Monolophose calthrops are common, regular, with lophose actines ramifying in 3–6 rays that may have terminal spines (ramification pattern 1m, 2d, ts; see Muricy & Díaz 2002). Non-lophose actines are regular with blunt or terminally spined tips ( Figure 2G View FIGURE 2 ); their total length: 12–17.7– 24.6 µm.

Dilophose calthrops are abundant, regular, with lophose actines ramifying medially in 3–5 rays that may have terminal spines (ramification pattern 1m, 2d, ts). Non-lophose actines are regular with blunt or terminally spined tips ( Figure 2H View FIGURE 2 ); their total length: 15.6–19.9– 28.3 µm.

Trilophose calthrops are rare, irregular, with two regular lophose actines ramifying medially in 3–4 rays that may have terminal spines (ramification pattern 1md, 2d, ts) and one lophose actine ramifying in 2 rays with blunt or terminally spined tips (ramification pattern 1m, ts). Basal (non-lophose) actines are regular with blunt or terminally spined tips ( Figure 2I View FIGURE 2 ); their basal actines measure 5.8–7.8–10/1.5–2.3– 3.3 µm.

Internal anatomy ( Figure 3 View FIGURE 3 ). The aquiferous system is leuconoid, with irregularly positioned inhalant and exhalant canals. There are no ectosomal lacunae, but there is a well-developed system of basal cavities which can be up to 300 µm high. Choanocyte chambers are eurypylous, ovoid, 30 to 60 µm in diameter, with 16 to 33 choanocytes recorded per section. The ectosome is thin, only 0.3 to 3 µm in thickness. The mesohyl volume is approximately equal to the choanocyte chamber volume.

Cytology. Choanocytes are ovoid (5.3–7.2 µm long; 3.3–3.6 µm thick). The choanocyte nucleus is spherical and located in basal position (1.5–2.8 µm in diameter). The cytoplasm is dense, with numerous inclusions, mostly located in apical position. Choanocytes are flagellated ( Figure 4 View FIGURE 4 A–B).

Apopylar cells are rounded to ovoid (6.2–7.4 µm in diameter) with numerous rounded cytoplasmic inclusions ( Figure 4C View FIGURE 4 ).

Exopinacocytes are fusiform (15.3–17 µm long; 0.4–2.4 µm thick), with a large nucleus and small cytoplasmic inclusions, apparently without flagella ( Figure 4D View FIGURE 4 ).

Endopinacocytes are fusiform (12.4–13.8 µm long; 0.4–1.5 µm thick) and flagellated, with a large nucleus and some small cytoplasmic inclusions ( Figure 4E View FIGURE 4 ).

Symbiotic prokaryotes. The new species is considered to be a low microbial abundance (LMA) sponge. TEM allowed to distinguish one dominant extracellular morphotype, a curved rod form (0.8–2 µm long; 0.2–0.25 µm thick) with a simple thin wall (0.03–0.05 µm thick), that was randomly dispersed in the mesohyl. The small spherical and ovoid forms were interpreted as transversal sections of this dominant morphotype ( Figure 4F View FIGURE 4 ).

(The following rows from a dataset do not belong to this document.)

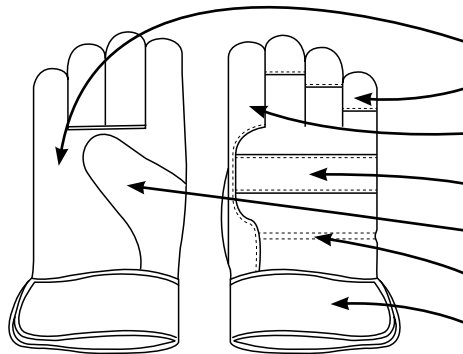

PRODUCT SPECIFICATIONS

GLP1-SIZE-C2C

GUNN CUT LEATHER PALM WITH PASTED SAFETY CUFF

Material	STYLE	CUFF	LINING	COLOR	CASE PACK	GRADE
SPLIT COW LEATHER	GUNN CUT	PASTED SAFETY	COTTON	RED/BLUE/BLACK	10DZ/CS	A/B

GRADES OF LEATHER

GUNN CUT

FEATURES

- FULL LEATHER PALM
- LEATHER FINGER TIPS
- FULL LEATHER FOREFINGER
- KNUCKLE STRAP
- WING THUMB
- ELASTIC BACK
- PASTED SAFETY CUFF

PACKAGING SPECIFICATIONS

MFG#	UPC	SIZE	CASE WEIGHT (lbs)	PALLET	TIER	HIGH	CUBIC FEET	COUNTRY OF ORIGIN
GLP1-MN-C2C	76358395520	MENS	44.4	16	4	4	2.42	CHINA
GLP1-WN-C2C	76358395153	WOMENS	44.4	16	4	4	2.42	CHINA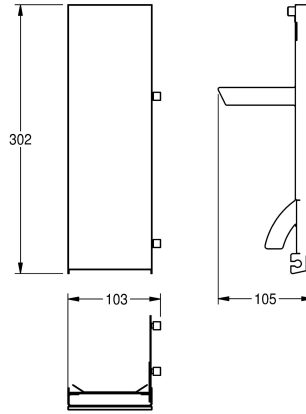

KWC EXOS.

Front with white safety glass panel for soap dispenser for wall mounting

Modell-Linie: EXOS | ZEXOS616W

Accessories | Complementary parts accessories

KWC-No.

2030022947

Front with InoxPlus surface refinement

2030022948

Front with black safety glass panel

2030025238

Front with white safety glass panel

Stainless steel front with white safety glass panel, suitable for EXOS616 / EXOS618 / EXOS625 soap dispensers, includes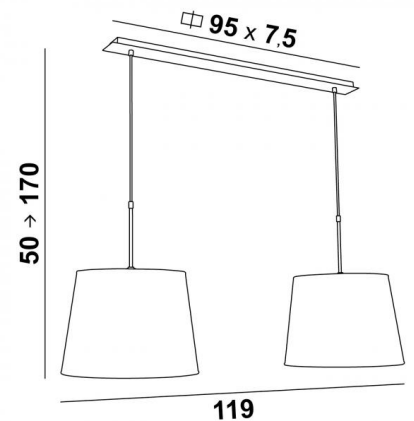

MEREROUKA 2 o40

MEREROUKA 2 in brushed bronze with lampshades in Trento ficelle (fabric from category 3)

Suspension with two round conical lampshades. Also available with 3 lampshades. Adjustable in height when mounting. To be placed above a table or desk

OVERALL SIZES

H50cm→170cm L119 x 40cm

BASE

Plate : 95 x 7,5cm

Box : 91 x 6 x 2,2cm

TECHNICAL DATA

Two metal E27 fittings with ring

Dimmable suspension

Distance between fittings : 79cm

Suspension adjustable in height during the installation

On request : longer suspension tubes

A fixing plate for the ceiling base (plan in PDF)

AVAILABLE METAL FINISHES AND CODES

29 - Brushed bronze - 4154 029

33 - Brushed nickel - 4154 033

LAMPSHADE : SIZES & CODE

Ø32 - 40 - 30cm (x2)

Code: 4158 + fabric code

We offer more than 150 materials and colors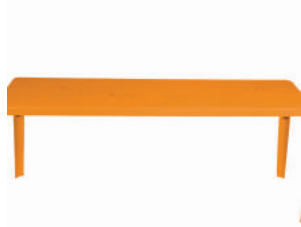

Club Stool
Black - 75cm h
AED 70.00

SEATING - Bar Stools

Marine Stool
White - 75cm h
AED 80.00

Marine Stool
Black - 75cm h
AED 80.00

Marine Stool
Orange - 75cm h
AED 80.00

Marine Stool
Yellow - 75cm h
AED 80.00

Marine Stool
Gold - 75cm h
AED 95.00

SEATING - Bar Stools

Bentwood Bar Stool
White - 76cm h
AED 105.00

Bentwood Bar Stool
White - 80cm h
AED 85.00

Bentwood Bar Stool
Natural - 80cm h
AED 85.00

Bentwood Bar Stool
Red - 80cm h
AED 85.00

Bentwood Bar Stool
Black - 76cm h
AED 105.00

Bentwood Bar Stool
Walnut - 80cm h
AED 85.00

Bentwood Bar Stool
Black - 80cm h
AED 85.00

Bentwood Bar Stool
Orange - 80cm h
AED 85.00

SEATING - Bench Seat

Tolix Bench Seat
White - 1.2m long
AED 160.00

Tolix Bench Seat
Black - 1.2m long
AED 160.00

Barcelona Bench Seat
White Leather - 2m long
AED 350.00

Tolix Bench Seat
Yellow - 1.2m long
AED 160.00

Tolix Bench Seat
Orange - 1.2m long
AED 160.00

SEATING - Low Stool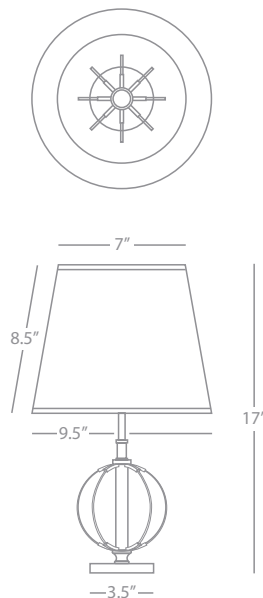

LATITUDE

3371

Accent Lamp

1 - 60W Max.
Bulb Type: 10.5 Candelabra
Switch: Hi-Lo Line Switch
Aged Brass Finish w/
Clear Glass Accents
Oyster Grey Silk Shade w/
Gold Foil Lining

FINISH/ SHADE OPTION:

D3371 Dark Antique Nickel
Off White Silk Shade w/
Silver Foil Lining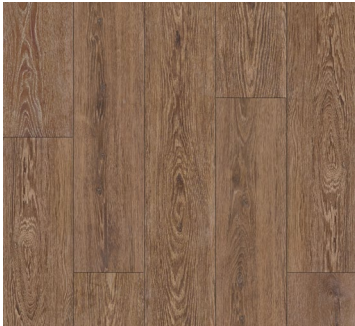

WATERPROOF LUXURY VINYL

TIMELESS OAK

Floor Type: SPC

Size: 7" x 48"

Thickness: 6.5 mm (includes 1.5 mm pad)

Edge: Beveled & Painted Edges

Wear Layer: 20 mil

Surface: EIR

Finish: Aluminum Oxide

SqFt Per Carton: 23.36

Cartons Per Pallet: 55

Installation: 2G/5G-i Advanced Push Down

Limited Warranty*: 50 Year Residential /10 Year Commercial

Coordinating Trim Available

TIMBER OAK
ALVFH751912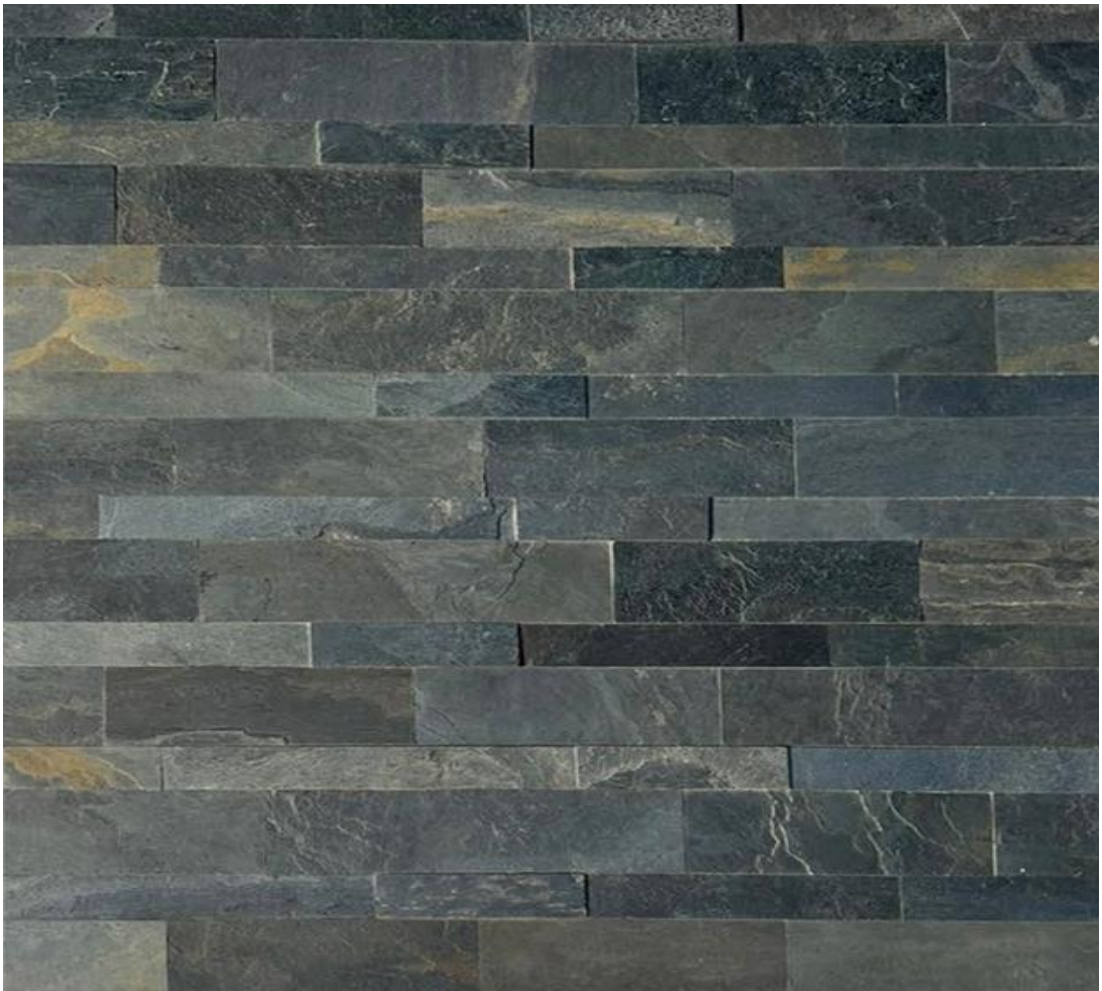

3D PEEL & STICK SELF ADHESIVE WALLING

SIZE: 15X60 CM

SLATE

TAN AUTUMN

SLATE

COLOUR MULTI

SLATE

GOLD CALIFORNIA

SLATE

BLACK DESERT

SLATE

RUSTIC AUTUMN

SLATE

LINE BLACK OCEAN

**3D PEEL & STICK
SELF ADHESIVE WALLING**

QUARTZITE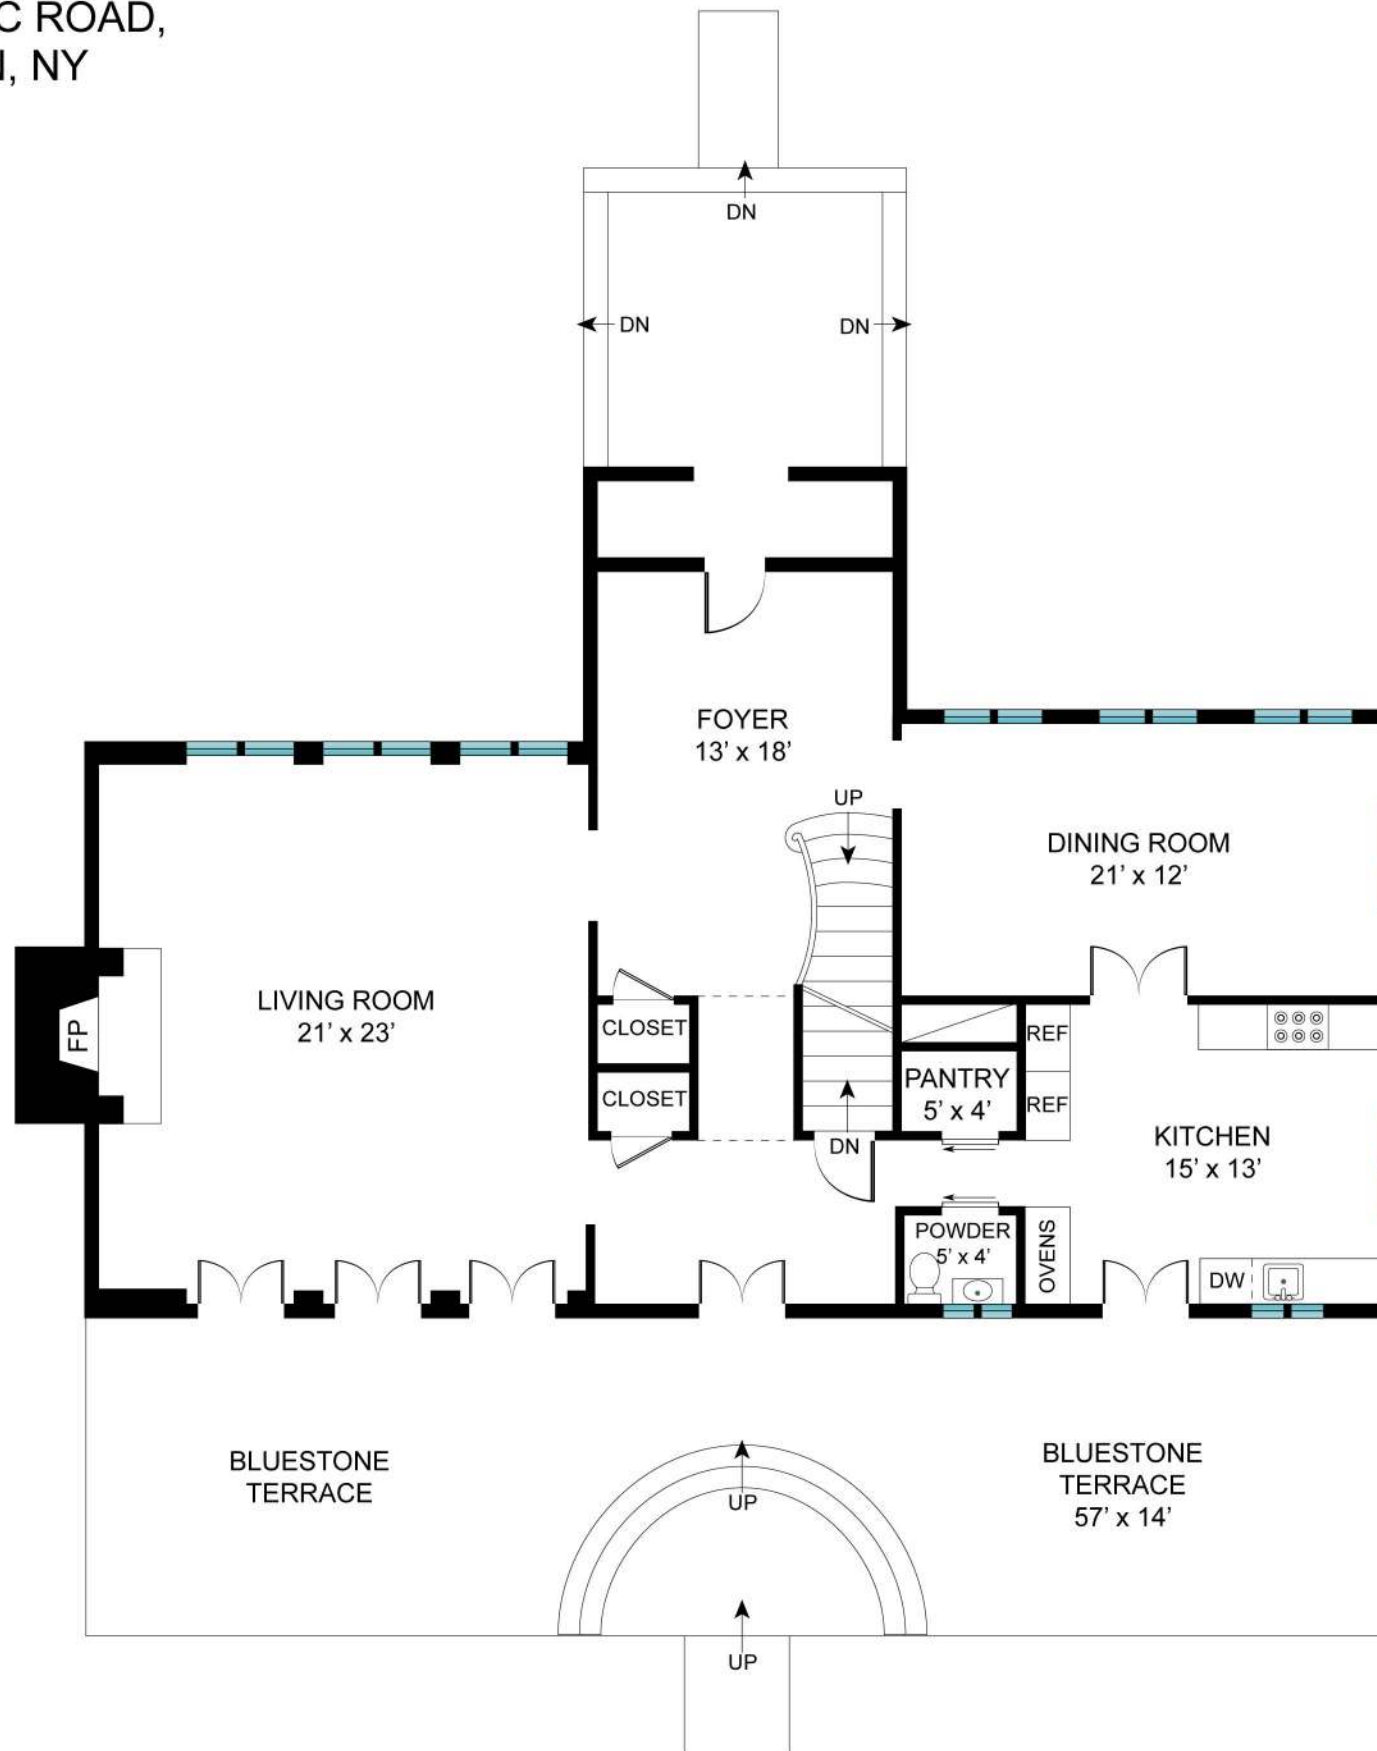

145 ACCABONAC ROAD,
EAST HAMPTON, NY

Sotheby's
INTERNATIONAL REALTY

MAIN HOUSE
1ST FLOOR - 1600 SF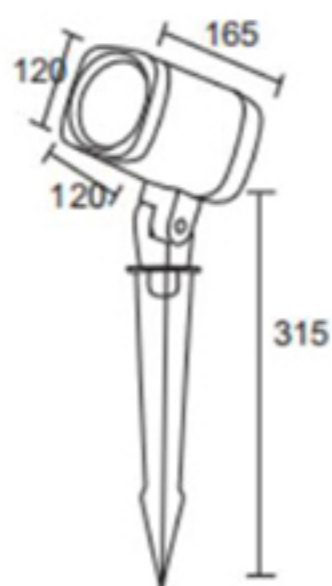

FOCUSLITE®

LED FLOODLIGHT

Lamp model:	FCS-F5P-30W
Input Wattage:	30W
Input voltage:	DC24V/AC220V
Related CCT:	Single color/RGBW
Material:	Aluminum alloy+ Lens
Housing color:	Oxide/custom color
Beam angle:	25°
Output lumen:	80-100LM/W
CRI:	75 < Ra < 85
Adjustable angle:	0~270°
LED source:	CREE
IP Rating:	IP65
Operate working temperature:	-25~+60 °C
Stock temperature:	-30~+65 °C
Lifespan:	50,000 H
Product size:	D120*L165*H110mm
Factor:	≥0.85
Power efficiency:	≥90%
Electric Shock Classification:	II Class
Controll way:	Single color/DMX512

Reproduction. Embryos and pre-larvae were observed in both specimens prepared for cytology ( Figs. 3A and 3 View FIGURE 3 E–F). Their diameter measured between 60 and 97 µm. On semi-thin sections of the holotype, some premature oocytes were also observed ( Figure 3B View FIGURE 3 ).

DNA analysis of studied species. For all species considered in this study, GenBank accession numbers are presented in Table 2 View TABLE 2 . Two well-supported clades represent the two families of Homoscleromorpha. In this tree, most of the Plakinidae genera seem to be monophyletic. The only genus without a skeleton, Aspiculophora Ruiz et al., 2017 forms a well-supported clade with Tetralophophora Rützler et al., 2014 . The Plakina group appears to be paraphyletic with three well-supported groups represented in the phylogenetic tree. The type species P. monolopha groups together with Corticium candelabrum Schmidt, 1862 . A second group includes P. jani Muricy et al., 1998 and P. arletensis , while the third includes Plakina doudou sp. nov., P. trilopha Schulze, 1880 and P. crypta Muricy et al., 1998 . The two individuals of the new species which were considered for this analysis present identical sequences.

Ecology. Plakina doudou sp. nov. is a sciaphilic species that forms tiny whitish crusts with a patchy distribution on the vertical walls of a shallow-water cave. In this cave, the hydrodynamics is always high, from the entrance to the back of the cave. This new species was found to live in syntopy with P. arletensis , from 10 to 12 m depth, in the darkest part of the cave. No signs of epibiosis or predation were observed.